Action item: Once the pictures are set aside, retype the remaining entries exactly.

Excerpted data:
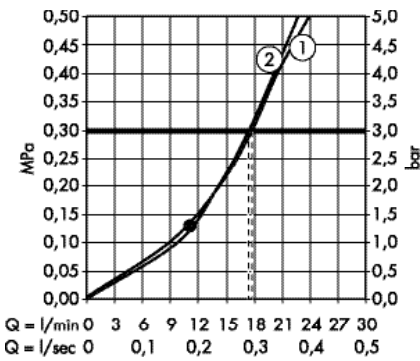

1. Rain
2. RainAir

· Raindance Select S Верхний душ 300 2jet с держателем
27378000, 27378400
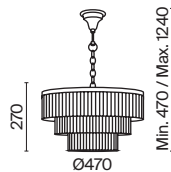

💡 9 x E14 40 Вт
⚡ 7020, 7019
IP 20

3 **MOD093WL-01BS**
 MOD093WL-01CH

💡 1 x E14 40 Вт
⚡ 7020, 7019
IP 20

4 **MOD093PL-04CH**
 MOD093PL-04BS

💡 4 x E14 40 Вт
⚡ 7020, 7019
IP 20

Empress

Арматура из металла в цвете хром. Декор – подвески из прозрачного хрусталя. Оригинальная прямоугольная форма. Регулируемая высота подвесных светильников.
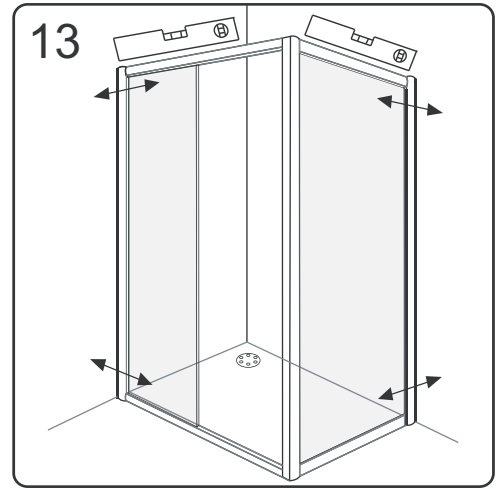

Začínáme / Getting Start:

Sprchovou zástěnu zkompletujete ze dvou částí (dveře + boční stěna)
 This shower enclosure requires two models to assemble:

(SG1240) 2102-01-100
 (SG1241) 2101-01-110
 (SG1242) 2101-01-120
 (SG3260) 2103-01-100
 (SG3261) 2103-01-110
 (SG3262) 2103-01-120

(SG1567) 2101-56-70
 (SG1568) 2101-56-80
 (SG1569) 2101-56-90
 (SG3677) 2103-56-70
 (SG3678) 2103-56-80
 (SG3679) 2103-56-90

Postup, když je boční stěna instalována na pravo
 Procedures when the side panel(L) is assembled on right side:
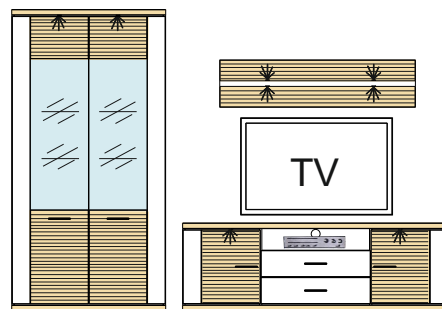

Kombi 2018 B	Typ 09 - 1 ks Typ 32 - 1 ks Typ 16 - 1 ks	š/v/h - 2943 / 2066 / 516 pre každú medzeru je prísčitánych 100 mm	(A) - 979458
			(B) - 979459 (C) - 979460 (D) - 979461 (E) - 979462 (F) - 989211 (G) - 989792 (H) - 993918
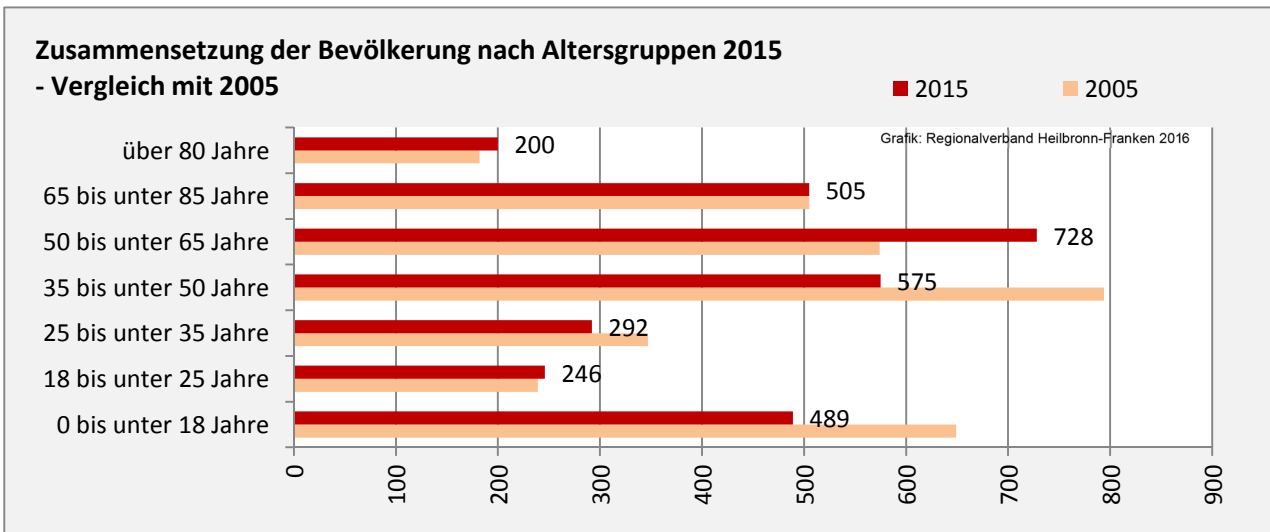

Königheim - Bevölkerung
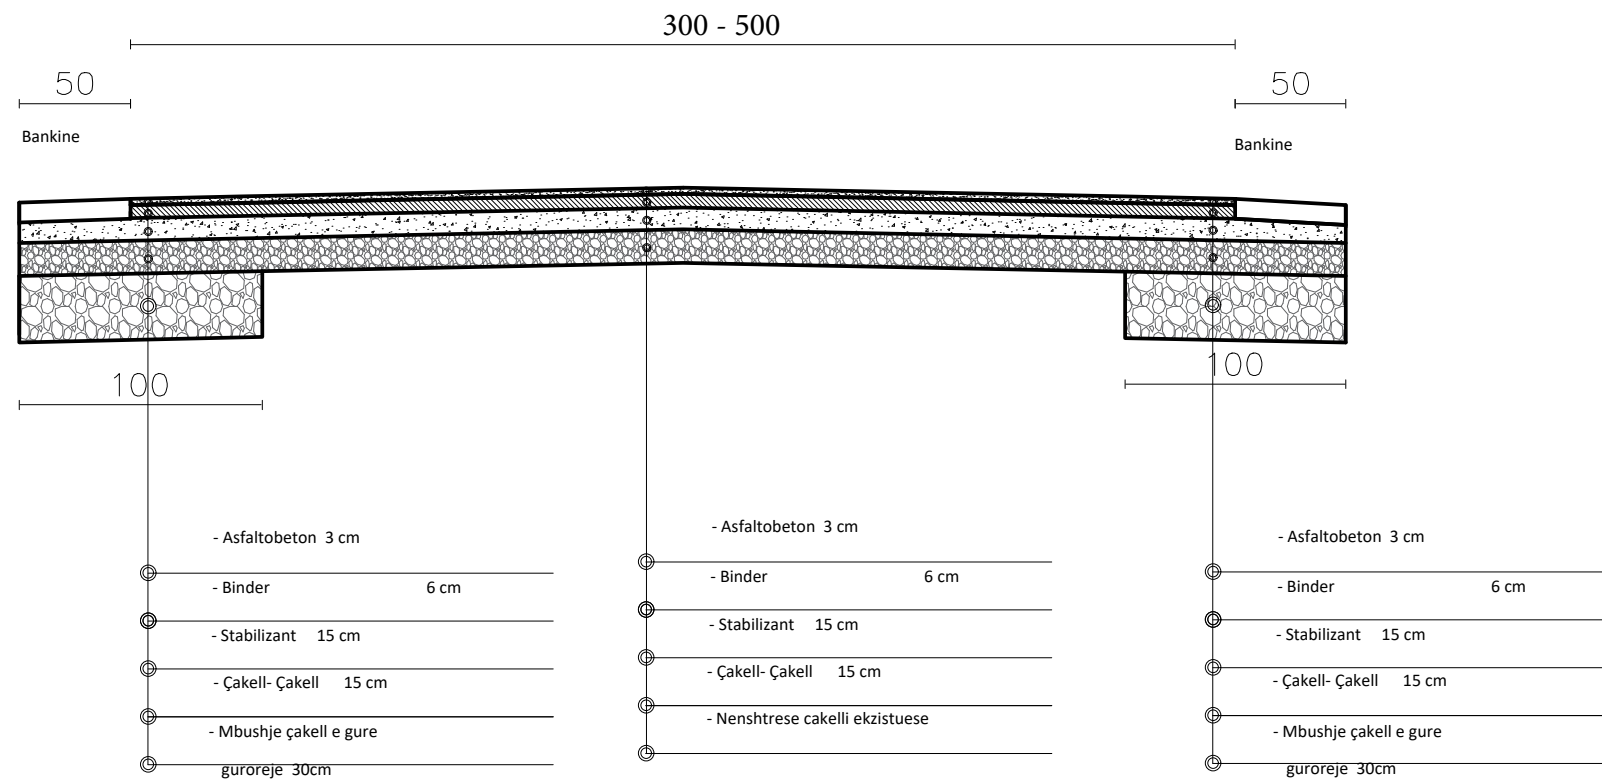

SEKSIONI TIP

PROFILI TERTHORE

BASHKIA
SARANDE

OBJEKTI

Rikonstruksion i rrugeve te brendshme dhe
shkallare mbi rrugen e peste (P.Cabiri)

DREJTORIA E PROJEKTEVE
ING MARTION ZHUPA

PLANIMETRIA E RRUGES

Projektoi

Output for this exercise:
1. Rain
2. RainAir

· Raindance Select S Верхний душ 300 2jet с держателем
27378000, 27378400

💡 9 x E14 40 Вт
⚡ 7020, 7019
IP 20

3 **MOD093WL-01BS**
 MOD093WL-01CH

💡 1 x E14 40 Вт
⚡ 7020, 7019
IP 20

4 **MOD093PL-04CH**
 MOD093PL-04BS

💡 4 x E14 40 Вт
⚡ 7020, 7019
IP 20

Empress

Арматура из металла в цвете хром. Декор – подвески из прозрачного хрусталя. Оригинальная прямоугольная форма. Регулируемая высота подвесных светильников.

Začínáme / Getting Start:

Sprchovou zástěnu zkompletujete ze dvou částí (dveře + boční stěna)
 This shower enclosure requires two models to assemble:

(SG1240) 2102-01-100
 (SG1241) 2101-01-110
 (SG1242) 2101-01-120
 (SG3260) 2103-01-100
 (SG3261) 2103-01-110
 (SG3262) 2103-01-120

(SG1567) 2101-56-70
 (SG1568) 2101-56-80
 (SG1569) 2101-56-90
 (SG3677) 2103-56-70
 (SG3678) 2103-56-80
 (SG3679) 2103-56-90

Postup, když je boční stěna instalována na pravo
 Procedures when the side panel(L) is assembled on right side:

Kombi 2018 B	Typ 09 - 1 ks Typ 32 - 1 ks Typ 16 - 1 ks	š/v/h - 2943 / 2066 / 516 pre každú medzeru je prísčitánych 100 mm	(A) - 979458
			(B) - 979459 (C) - 979460 (D) - 979461 (E) - 979462 (F) - 989211 (G) - 989792 (H) - 993918

Königheim - Bevölkerung

SEKSIONI TIP

PROFILI TERTHORE

BASHKIA
SARANDE

OBJEKTI

Rikonstruksion i rrugeve te brendshme dhe
shkallare mbi rrugen e peste (P.Cabiri)

DREJTORIA E PROJEKTEVE
ING MARTION ZHUPA

PLANIMETRIA E RRUGES

Projektoi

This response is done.